═══ Exercise materials ═══

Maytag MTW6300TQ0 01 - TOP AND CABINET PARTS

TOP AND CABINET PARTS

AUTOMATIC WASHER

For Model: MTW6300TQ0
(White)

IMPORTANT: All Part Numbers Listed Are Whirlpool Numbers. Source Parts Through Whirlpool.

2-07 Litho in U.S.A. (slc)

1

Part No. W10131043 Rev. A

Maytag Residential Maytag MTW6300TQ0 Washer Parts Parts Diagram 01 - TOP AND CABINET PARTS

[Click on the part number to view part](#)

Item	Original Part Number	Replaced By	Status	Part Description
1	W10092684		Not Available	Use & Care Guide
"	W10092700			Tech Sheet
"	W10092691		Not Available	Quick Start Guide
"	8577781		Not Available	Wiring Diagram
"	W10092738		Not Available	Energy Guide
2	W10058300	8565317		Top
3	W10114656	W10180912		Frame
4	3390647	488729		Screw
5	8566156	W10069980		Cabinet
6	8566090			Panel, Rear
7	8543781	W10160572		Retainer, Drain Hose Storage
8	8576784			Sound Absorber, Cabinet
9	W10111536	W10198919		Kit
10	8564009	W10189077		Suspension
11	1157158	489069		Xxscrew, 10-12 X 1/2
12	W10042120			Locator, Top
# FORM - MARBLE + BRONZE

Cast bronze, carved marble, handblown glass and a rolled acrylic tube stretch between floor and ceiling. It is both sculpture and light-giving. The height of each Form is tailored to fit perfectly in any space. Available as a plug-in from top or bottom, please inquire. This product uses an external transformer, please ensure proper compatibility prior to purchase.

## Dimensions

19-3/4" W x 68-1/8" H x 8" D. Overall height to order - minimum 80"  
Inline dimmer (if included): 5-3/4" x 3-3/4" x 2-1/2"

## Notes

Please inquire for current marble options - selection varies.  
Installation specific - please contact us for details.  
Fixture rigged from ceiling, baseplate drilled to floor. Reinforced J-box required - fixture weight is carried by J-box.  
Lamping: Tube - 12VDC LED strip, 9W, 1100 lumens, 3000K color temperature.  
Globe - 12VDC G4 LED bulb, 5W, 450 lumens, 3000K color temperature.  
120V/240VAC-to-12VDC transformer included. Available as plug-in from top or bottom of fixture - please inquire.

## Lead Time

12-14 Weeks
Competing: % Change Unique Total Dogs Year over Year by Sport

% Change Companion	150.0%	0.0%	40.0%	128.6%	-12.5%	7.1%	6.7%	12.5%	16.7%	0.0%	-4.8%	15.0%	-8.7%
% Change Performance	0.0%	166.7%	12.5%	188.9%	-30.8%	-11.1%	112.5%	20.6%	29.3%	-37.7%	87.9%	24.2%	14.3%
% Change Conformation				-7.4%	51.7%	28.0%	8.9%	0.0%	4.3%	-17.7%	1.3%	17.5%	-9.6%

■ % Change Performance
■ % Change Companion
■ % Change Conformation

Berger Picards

═══
═══ Exercise materials ═══

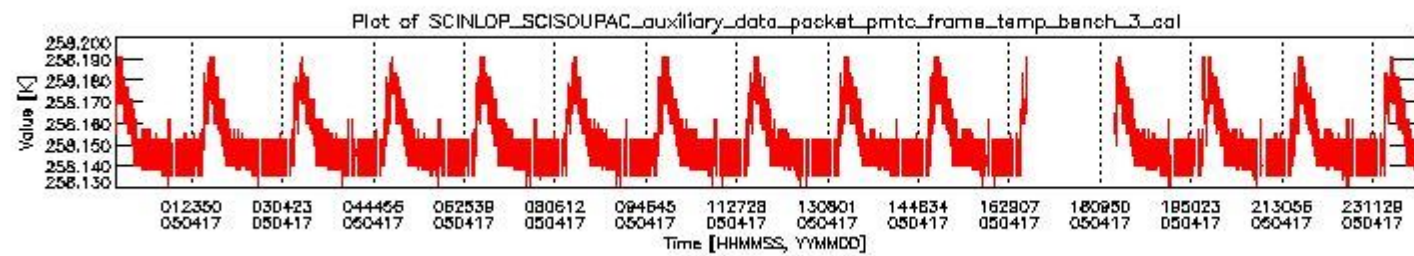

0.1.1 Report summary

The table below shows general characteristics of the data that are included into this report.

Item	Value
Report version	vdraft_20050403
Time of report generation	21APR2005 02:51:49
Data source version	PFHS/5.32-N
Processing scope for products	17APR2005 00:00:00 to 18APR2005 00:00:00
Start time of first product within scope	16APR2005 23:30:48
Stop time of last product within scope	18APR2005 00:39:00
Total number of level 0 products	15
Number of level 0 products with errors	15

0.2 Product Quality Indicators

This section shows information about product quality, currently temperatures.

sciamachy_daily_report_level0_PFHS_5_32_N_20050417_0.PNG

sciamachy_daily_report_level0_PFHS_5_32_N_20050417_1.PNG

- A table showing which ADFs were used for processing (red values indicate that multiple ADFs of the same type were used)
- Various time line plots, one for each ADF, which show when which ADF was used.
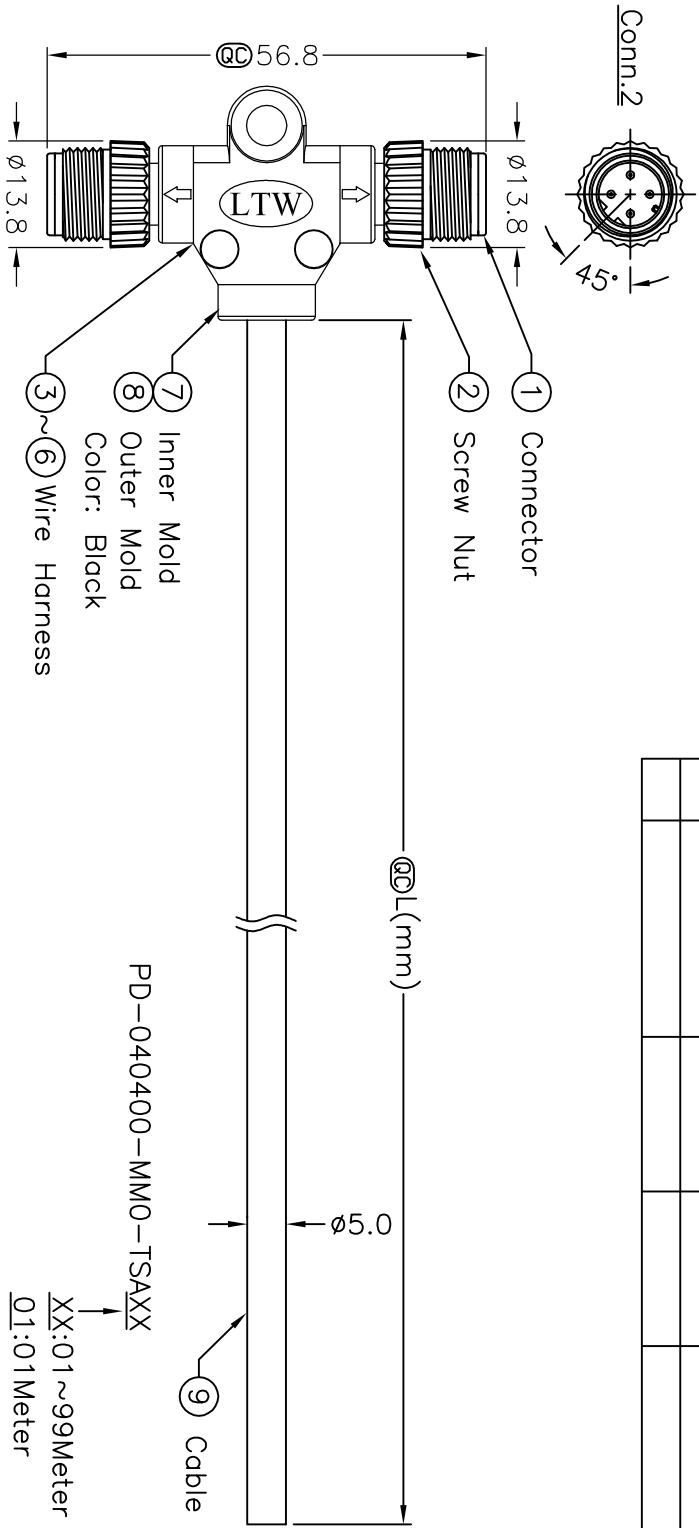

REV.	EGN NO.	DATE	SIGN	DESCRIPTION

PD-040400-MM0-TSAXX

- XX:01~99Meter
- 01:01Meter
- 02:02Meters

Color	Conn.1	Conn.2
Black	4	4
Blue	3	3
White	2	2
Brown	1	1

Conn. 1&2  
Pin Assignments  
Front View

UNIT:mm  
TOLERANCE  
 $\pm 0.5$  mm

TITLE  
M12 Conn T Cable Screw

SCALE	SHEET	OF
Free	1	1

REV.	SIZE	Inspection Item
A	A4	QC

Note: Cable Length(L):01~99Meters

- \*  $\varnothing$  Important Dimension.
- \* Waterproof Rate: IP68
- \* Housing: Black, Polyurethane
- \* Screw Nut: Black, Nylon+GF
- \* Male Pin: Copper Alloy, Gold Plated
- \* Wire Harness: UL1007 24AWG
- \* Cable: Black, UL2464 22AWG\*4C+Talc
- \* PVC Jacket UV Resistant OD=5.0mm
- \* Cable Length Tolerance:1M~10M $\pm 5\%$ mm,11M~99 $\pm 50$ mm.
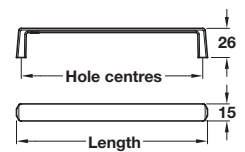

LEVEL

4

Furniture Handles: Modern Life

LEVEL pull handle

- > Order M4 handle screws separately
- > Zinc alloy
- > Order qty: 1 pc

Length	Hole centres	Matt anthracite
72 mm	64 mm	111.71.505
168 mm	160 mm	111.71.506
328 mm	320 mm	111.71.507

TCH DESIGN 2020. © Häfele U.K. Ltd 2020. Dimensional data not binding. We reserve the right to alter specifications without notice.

═══

# Exercise
Repeat exactly the lines of the listing above, from the one with "Maytag MTW6300TQ0 01 - TOP AND CABINET PARTS" down to the one with "Part No. W10131043 Rev. A"; both of those lines belong in the range.

# Result of this exercise
Maytag MTW6300TQ0 01 - TOP AND CABINET PARTS

TOP AND CABINET PARTS

AUTOMATIC WASHER

For Model: MTW6300TQ0
(White)

IMPORTANT: All Part Numbers Listed Are Whirlpool Numbers. Source Parts Through Whirlpool.

2-07 Litho in U.S.A. (slc)

1

Part No. W10131043 Rev. A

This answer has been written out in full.